--- ENTRIES SHOWN Enclosed Below ---

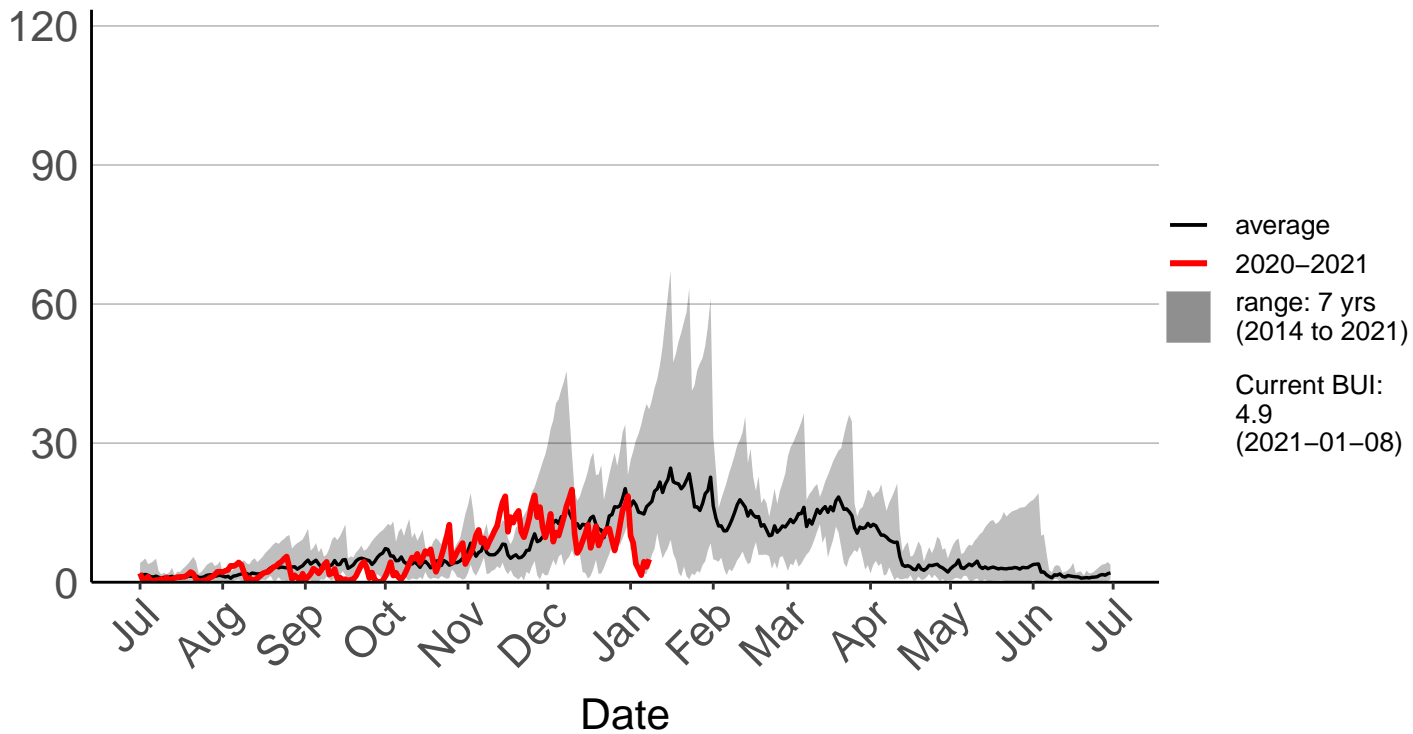

Milford Sound Raws

Otama Raws

Slopedown Raws

South West Cape SYNOP – DISCONTINUED

Stewart Island Raws

Tanner Road Raws

Tisbury Raws

Tuatapere Raws

--- End of Enclosed ENTRIES SHOWN ---

> [ABOUT THIS EXERCISE]: In your copy of the entries above, keep the text exact and leave out the pictures.

> [ANSWER SPACE]:
Milford Sound Raws

Otama Raws

Slopedown Raws

South West Cape SYNOP – DISCONTINUED

Stewart Island Raws

Tanner Road Raws

Tisbury Raws

Tuatapere Raws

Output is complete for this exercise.